Res. J. Chem. Environ; Vol. 25(7); 104-113; doi: https://doi.org/10.25303/257rjce10421; (2021)

Abstract
Natural polymers are finding widespread applications in drug delivery, scaffold fabrication, bio plastic production, food packaging, wound dressing etc. due to their availability, biodegradability, biocompatibility, renewable nature, ease of modification to achieve the desirable properties etc. In the present study, the commercially available soy protein extract (SPE), chitosan(CSN) and their physical blend(CSN-SPE) have been chosen as drug carrier matrices to campare their in vitro drug release features in simulated intestinal fluid for controlled release applications taking 5-fluorouracil (5-FU) as a typical drug. The percentages of 5-FU released from the SPE, CSN and CSN-SPE tablets as a function of time were quantified by reverse phase High Performance Liquid Chromatography using KH2PO4 solution (pH 6.8) as the mobile phase and C-18 column as the stationery phase.

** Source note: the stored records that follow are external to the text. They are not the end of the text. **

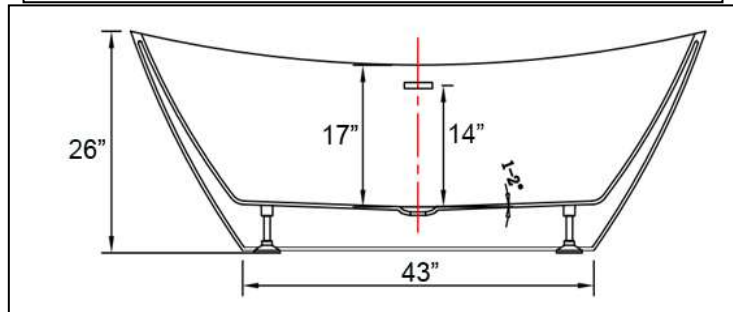

SanSiro Potentia-71-Air

Features	Air Jetted	Soaker
Integrated Drain with Overflow	Yes	Yes
Slotted Overflow	Yes	Yes
Pop-up Drain	Yes	Yes
Integrated Variable Speed Blower	0.5 HP	No
White Air Jets on Floor	12	No
Water Proof Remote Control Activation	Yes	No
GFCI Electrical Supply	110V/15 Amp	No
Gallons to Overflow with Bather	50	50
Tub Weight Empty lbs	112	105
Shipping Weight lbs	145	138
Shipping Dimensions	75 x 35 x 28	75 x 35 x 28
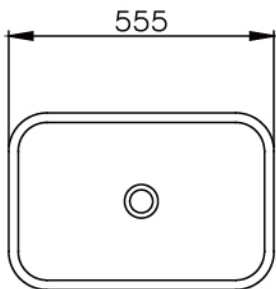

JUSTIME

2016
BASIN

Ceramic

JC08-02-4100
330*290*110mm

JC08-03-4100
515*370*150mm

JC08-04-4100
490*385*200mm

JC08-05-4100
555x370x120mm

JC08-06-4100
690*400*235mm

JC08-07-4100
600*450*180mm

Ceramic

JC08-08-4100
700*360*135mm

JC08-09-4100
450*440*200mm

JC08-10-4100
450*450*180mm

JC08-11-4100
535*350*180mm

JC08-12-4100
440*355*195mm

JC08-13-4100
470*390*190mm

Ceramic

6510-G7-8000
410*410*120mm

6510-T1-8000
470*360*145mm

6510-T2-8000
510*410*170mm

6510-T3-8000
430*430*120mm

6510-T4-8000
400*400*150mm

JC08-01-4100
540*490*185mm

JUSTIME | 巧時代
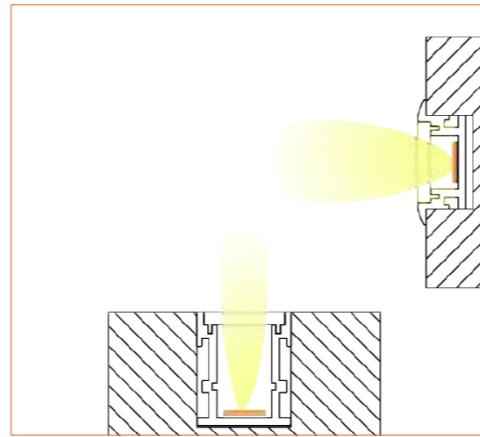

PRO PROFILE RECESSED BE2126

ACCESSORIES

Plastic End Cap

Metal Clip

TECHNICAL DRAWING

TECHNICAL DATA

Product Options	Materials	Order Code		
Aluminium Profile	AL6063-T5	BE-AP2126	Length	2m/6.56ft
Opal PC Cover	PC	BE-PC2126	Dimension (W*H)	21.3*25.9mm/0.83"*1.02"
Plastic End Cap	/	BE-PEC2126	Max Flex Width	12.5mm/0.50"
Metal Clip	/	BE-MC2126	Pitch for Diffusion	180LED/m

*Please note that unless otherwise indicated, tape lights, extrusions and lenses will come separately and not assembled.

Standard is 1m/3.28ft per piece, other lengths can be customized.

Maximum: 2m/6.56ft per piece.

For IP65

*Not suitable for upside-down installation. Adhesive required if installed upside down.

LED TAPES

HIGH EFFICACY

Ref: AERO TAPE HD

Ref: AERO TAPE HD IP54

WHITE

Ref: AERO TAPE

The observed drug release features were found to be different for these polymer carriers. The percentages of drug released during the initial periods upto 60 min were less in the CSN-SPE tablet than those observed for CSN and SPE tablets. This implied that the drug release rate can be modified by the proper choice of natural polymers in the blends as carriers. The thermal degradation characteristics of CSN, SPE and CSN-SPE blend and their 5-FU tablets were also analysed by simultaneous Thermogravimetry (TG) and Differential Thermal Analysis (DTA). Comparative analysis of the TG and DTA traces of these polymers and their 5-FU tablets implied that there may be a drug-matrix interaction. This along with different degrees of swellability and degradability of these polymers might account for the differences in the drug release features. The structures of CSN, SPE and CSN-SPE blend were characterized by FT-IR spectroscopy.